TRF1 concede liminar que suspende efeitos da condenação e inelegibilidade de Raul
Uma liminar concedida no final da manhã desta sexta-feira, 26, suspendeu os efeitos da condenação contra o candidato da coligação “Coragem Pra Fazer Diferente”, Raul Filho (PR), por crime ambiental, e, por consequência, a inelegibilidade do republicano. A liminar é do desembargador do Tribunal Regional Federal da Primeira Região (TRF1) Ney Bello. A defesa de Raul ingressou com nova ação de revisão criminal na quarta-feira, 24, alegando que a condenação do ex-prefeito de Palmas estava prescrita.

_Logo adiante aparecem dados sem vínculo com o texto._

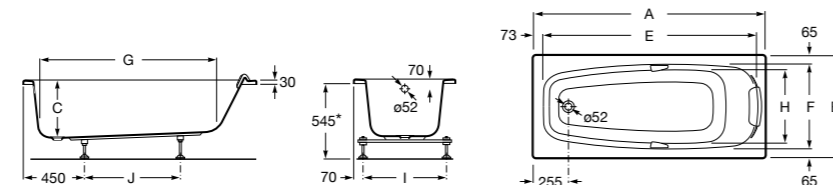

Sureste-N

Прямоугольная акриловая ванна с гидромассажем Total и набором для слива.

	A	B	C	E	F	G	H	I	J	Объем, л
248044001	1700	750	420	1540	620	1155	530	610	700	218
248042001	1700	700	420	1540	570	1155	465	560	700	198
248043001	1600	750	420	1440	620	1055	530	610	600	202
248041001	1600	700	420	1440	570	1055	465	560	600	183

Прямоугольная акриловая ванна с гидромассажем Tonis и набором для слива.

	A	B	C	E	F	G	H	I	J	Объем, л
248040001	1700	750	420	1540	620	1155	530	610	700	218
248038001	1700	700	420	1540	570	1155	465	560	700	198
248039001	1600	750	420	1440	620	1055	530	610	600	202
248037001	1600	700	420	1440	570	1055	465	560	600	183
248036001	1500	700	400	1340	570	965	465	560	500	160
248035001	1400	700	400	1240	570	865	465	560	400	145

Прямоугольная акриловая ванна с ручками.

	A	B	C	E	F	G	H	I	J	Объем, л
248001001	1700	750	420	1540	620	1155	530	610	700	218
248002001	1600	750	420	1440	620	1055	530	610	600	202
248006001	1400	700	400	1240	570	865	465	560	400	145

Размеры в мм

O julgamento do mérito do agravo regimental apresentado pelo candidato a prefeito Raul Filho, com a intenção de afastar condenação por crime ambiental, estava previsto para acontecer nesta quarta-feira, 24, mas foi adiado porque o TRF1 pediu parecer da Procuradoria da República sobre uma cautelar negada ao republicano. Em seguida, Raul ingressou com nova ação de revisão criminal que lhe garantiu, além da suspensão dos efeitos da condenação, sua elegibilidade.
Para o desembargador, apesar da concessão liminar em revisão criminal ser “situação excepcionalíssima”, jurisprudência do Superior Tribunal de Justiça (STJ) pode ser admitido a suspensão da pena “desde que presentes a fumaça do bom direito e o perigo da demora”, que significa o receio que a delonga da decisão judicial cause um dano grave ou de difícil reparação.
Ao examinar os autos, o magistrado diz ter verificado a excepcionalidade como hipótese, devido a urgência, necessidade e relevância. O desembargador Ney Bello, lembrou ainda do habeas corpus concedido pelo STJ, que suspendeu execução da pena até o julgamento da revisão criminal de origem; e da manifestação da Procuradoria da Republica, que segundo ele, se manifestou no mesmo sentido, mas com “fundamentação diversa”.
Na liminar Ney Bello admitiu que a condenação de Raul Filho (PR) gera inelegibilidade nos termos da Lei Ficha Limpa, mas reforçou que a própria Legislação, no seu artigo 26-C, diz que: “o órgão colegiado ao qual couber a apreciação do recurso contra decisões colegiadas poderá, em caráter cautelar, suspender a inelegibilidade sempre que existir plausibilidade da pretensão recursal e desde que a providência tenha sido expressamente requerida, sob pena de preclusão, por ocasião da interposição do recurso”.
Entenda
O ex-prefeito foi condenado por crime ambiental por realizar uma construção sem licença necessária em sua chácara, localizada às margens do lago da usina Luiz Eduardo Magalhães, em Miracema do Tocantins. A condenação revela que a obra no local teria suprimido a vegetação nativa, compactado e impermeabilizado o solo, e influído negativamente na fauna e na regeneração da flora nativa, segundo o Ibama.